Investigation of Ligand–receptor (L–R) interactions across subgroups of adipocytes, FAPs, and other cell types in 2-month-old and 26-month-old mice. (A) Chord diagrams displaying intercellular L–R interactions in adipocyte subpopulations and FAPs in young (left) and old (right) mice. Ligands differentially expressed by adipocytes are below the dashed line, while receptors overexpressed in the receiving cells (consisting of both adipocytes and FAPs) are situated above. Communications from adipocytes (L) to FAPs (R) are indicated in green and yellow, with other interactions presented in gray. (B) Bubble charts define normalized interaction scores between adipocytes and FAPs in both young and old states. These interaction scores are determined by the levels of ligand expression in Adipocyte1 and receptor expression within the receiving cells.
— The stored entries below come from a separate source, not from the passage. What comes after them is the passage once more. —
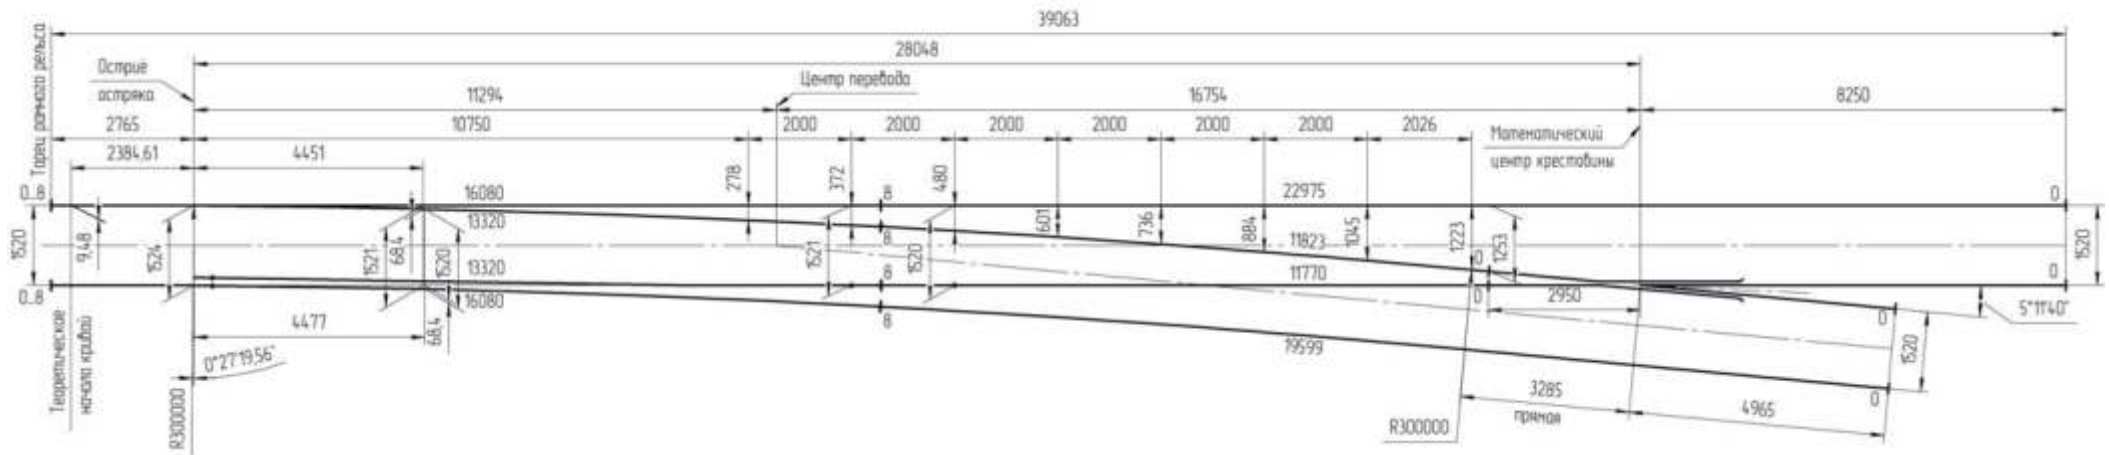

Схема укладки стрелочного перевода типа Р65 марки 1/11 на ж.д. брусьях для скоростного движения пр. Кз2726.00.000-02; (-03)

Схема геометрических размеров стрелочного перевода типа Р65 марки 1/11 на ж.д. брусьях для скоростного движения пр. Кз2726.00.000-02; (-03)
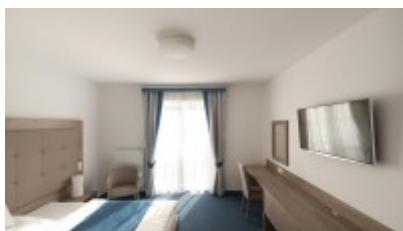

Kód	Název	Cena	Cena vč. DPH
EDN43030	EDNA 4,IN-22K74/026 - Stropní svítidlo, těleso kov, povrch bílá, difuzor sklo, opál, pro žárovku 2x10W, E27 A60, 230V, IP43, tř.1, d=420mm, h=115mm Dodavatel: A-LIGHT s.r.o., Vranovská 1226/94, 614 00 Brno, Česká republika. Tel.: +420 545 213 267, www.e-light.cz	2 977,70 Kč	3 603,02 Kč

Veškeré údaje uvedené na této stránce jsou pouze informativní a výrobce může skutečné vlastnosti výrobku z různých důvodů bez předchozího upozornění změnit. Proto je nutno se po zakoupení řídit technickými údaji a podmínkami uvedených u vlastního výrobku. Pokud skutečné vlastnosti výrobku techniky či jinak neodpovídají údajům uvedeným na této stránce, nebo požadavkům spotřebitele, lze zboží bez udání důvodu ve lhůtě stanovené zákonem vrátit.

Na veškeré zboží je vydáno prohlášení o shodě v souladu s nařízením vlády 17/2003 Sb.

Svítidla a jejich příslušenství jsou elektrotechnické výrobky a podmínky jejich instalace se řídí příslušnými harmonizovanými normami ČSN-EN. Vyhodnocení možnosti aplikace a provedení instalace musí provádět osoba s elektrotechnickou kvalifikací a platnými oprávněními. Neneseme odpovědnost za škody způsobené neodbornou instalací.

<https://www.e-light.cz/osmont-edna-4in-22k74026-43030-prisazene-stropni-svitidlo-do-koupelny-osm>

Columns represent receiving cell types, while rows signify predicted L–R pairs. The color scale denotes interaction strength, with higher scores marking stronger cellular interaction. Green L–R pairs exist only in young mice, whereas red pairs are unique to old mice. (C) Bubble charts define normalized interaction scores between adipocytes and FAPs in both young and old states. These interaction scores are determined by the levels of ligand expression in Adipocyte2 and receptor expression within the receiving cells. (D) Chord diagrams in young (left) and old (right) adipose tissues showing intercellular L–R interactions. Ligands differentially expressed by receiving FAPs are below the dashed line, whereas receptors overexpressed in adipocytes are located above. Communications from FAPs (L) to adipocytes (R) are highlighted, while other interactions are indicated in gray. (E) Bubble charts illustrating the interaction scores between ligands in FAPs and their receptors in adipocyte1. (F) Bubble charts illustrating the interaction scores between ligands in FAPs and their receptors in adipocytes2.